Escapar del infierno
«Si estoy en el infierno —decía Bacon—, siempre tendré la esperanza de escaparme». Diecisiete años después, Francis Bacon se escapa del infierno para resucitar en Madrid con la gran exposición que le dedica el Prado. No habrá obras de Velázquez junto a las suyas. Él se habría negado. Cuando estuvo en Roma no fue capaz de ir a la Galería Doria Pamphilj para ver el «Retrato del Papa Inocencio X», que tanto le obsesionaba y tantas veces versionó. «Tenía miedo a ver ese cuadro maravilloso y pensar las tonterías que había hecho con él», confesaba Bacon a Sylvester. Tampoco incluyó obras suyas cuando comisarió en la National Gallery la muestra «El ojo del artista» con sus obras preferidas de este museo. «Le hubiera fascinado saber que va a exponer en el Prado», comenta Manuela Mena.

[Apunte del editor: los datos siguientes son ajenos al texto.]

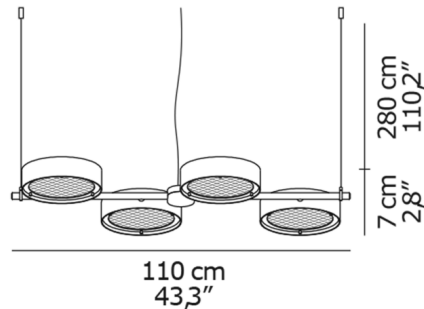

Lightology

lightology.com
866-954-4489
04-22-26

Project: _____

Company: _____

Location: _____ Fixture Type: _____

SPEC #: **OLC1229053**

Approved On: _____ Approved By: _____

Berlin Linear Pendant

By Oluce Srl

Description

The Berlin Linear Pendant features a slender profile and a quartet of round metal diffusers for a refined, modern look. The diffusers each hold a sandblasted, wired glass disc that softly diffuses light from the integrated LED light sources. 360 degree rotation allows the lights to be aimed precisely where they are needed to provide direct or indirect lighting.

Specifications

COLOR . . . . . Anodic Brass
BODY FINISH . . . . . Black
WATTAGE 60W
DIMMER . . . . . Low Voltage Electronic
DIMENSIONS . . . . . 43.3"L x 11.8"W x 2.8"H
INTEGRATED LED MODULE . . . . . 4 x LED/15W/120V LED
COUNTRY OF ORIGIN . . . . . Italy

Technical Information

COLOR RENDERING . . . . . 85 CRI
LAMP COLOR 2700K
LUMENS/WATT 573.33
LUMINOUS FLUX . . . . . 8600 lumens

Shown in black / anodic brass

CLICK TO VIEW PRODUCT

Notes:
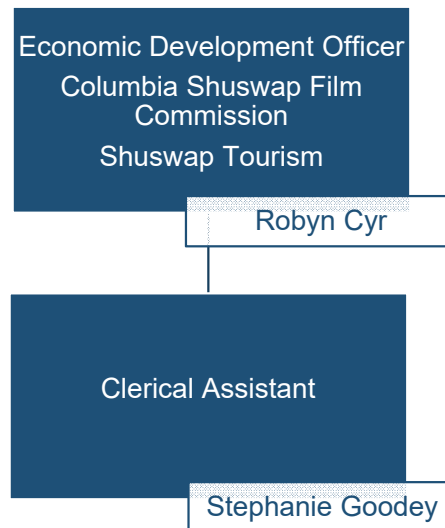

COLUMBIA SHUSWAP REGIONAL DISTRICT

Organizational Structure

Columbia Shuswap Regional District
Organizational Structure

Departments

Corporate Administration Department

Development Services Department

Economic Development Columbia Shuswap Film Commission Shuswap Tourism

Especialista en el siglo XVIII y Goya, ha visto y leído todo sobre Bacon para comisariar esta retrospectiva: «He aprendido mucho con él, he descubierto su propia poesía. A pesar de la violencia de su pintura encuentras en ella una gran ternura y un interés por los seres humanos. Su pintura tiene una técnica exquisita, una grandísima calidad (podría estar colgada al lado de las obras del Prado), energía, intensidad... Descarna al ser humano y lo deja en lo que somos». Era una trituradora: diseccionaba la figura humana hasta dejarla en el hueso, despedazaba a sus modelos hasta obtener la verdad. Sus pinturas eran como un puñetazo en la cara, un ataque al sistema nervioso; trataba con ellas de molestar, de provocar. Quería «pintar como Velázquez, pero con la textura de la piel de un hipopótamo».
Récord en subasta
El año pasado, un tríptico de Bacon de 1976 alcanzó en una subasta en Sotheby's de Nueva York 86,2 millones de dólares, el precio más alto pagado en subasta por un artista contemporáneo. A Bacon nunca le interesó el dinero. Habría sonreído al saberlo. Y hubiera invitado a todos a una ronda en el Colony Room.